Cell Surface Staining for Live Cells using Flow Cytometry

1. Collect cells and wash with PBS.
2. Count cells.
3. Pellet cells so that 50 μL will contain the desired number of cells for staining. Typically, 5 × 10⁵ – 1 × 10⁶ cells are used per sample.
4. Wash cells in flow staining buffer.
5. Resuspend cells at 1 × 10⁷ cells/mL in flow staining buffer containing blocking agent.
   1. Option 1: Fc block: Block cells using IgG Fc Fragment (P80-104).
      • Add 1 μg (1 μL) for each 10⁶ cells.
      • Incubate at room temperature for 10 minutes.
   2. Option 2: Normal Serum: If performing indirect staining, use serum from the animal the secondary antibody is derived. (Often goat serum or calf serum is used.)

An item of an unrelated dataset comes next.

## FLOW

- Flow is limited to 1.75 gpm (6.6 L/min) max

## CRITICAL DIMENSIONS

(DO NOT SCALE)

      • Dilute serum to a final concentration of 5% normal serum.
      • Incubate on ice for 30 minutes.
6. Dilute primary antibody in 50 μL of flow staining buffer.

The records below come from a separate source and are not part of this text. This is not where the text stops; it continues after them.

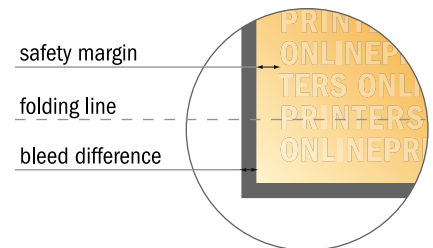

Folded Leaflets Portrait

A6-Square • Single fold • 4 pages

- Data format (incl. 2.00 mm bleed): 21.40 x 10.90 cm
- Trimmed size (open): 21.00 x 10.50 cm
- Trimmed size (closed): 10.50 x 10.50 cm
- **Safety margin**
Maintaining 4 mm space between the text/information and the edge of the trimmed format prevents undesirable cuts.

Please note:

- Allow for trim allowance and safety margin according to instructions.
- Arrange background graphics, images or graphics up to the edge of the data format.
- Tolerances may occur during production due to cutting, punching and folding processes.
- This sketch is not drawn to scale.
- Printing data: Instructions and templates can be found under the menu item "Printing data" at www.onlineprinters.com.

Folded Leaflets Portrait

A6-Square • Single fold • 4 pages

- **Data format**
(incl. 2.00 mm bleed):
21.40 x 10.90 cm
- **Trimmed size (open):**
21.00 x 10.50 cm
- **Trimmed size (closed):**
10.50 x 10.50 cm
- **Safety margin**
Maintaining 4 mm space between the text/information and the edge of the trimmed format prevents undesirable cuts.

7. Add 50 μL of antibody solution with the 50 μL of cell suspension for a final volume of 100 μL.
8. Incubate on ice for 30 minutes. If the primary antibody is conjugated to a fluorophore, make sure the incubation is performed in the dark.
9. Wash cells with flow staining buffer.
10. Repeat wash.
11. If using an unconjugated primary antibody:
    • Dilute your secondary antibody in 100 μL/sample.
    • Add 100 μL of secondary antibody to each sample.
    • Incubate on ice for 30 minutes.
    • Wash cells twice with flow staining buffer.
12. Resuspend cells in at least 200 μL flow staining buffer.
13. Analyze cells on the flow cytometer as soon as possible.

Notes:

• All centrifugations were performed at 300 × g for 5 minutes.
• If it will be an hour or more before you can analyze your cells, you may need to fix the cells.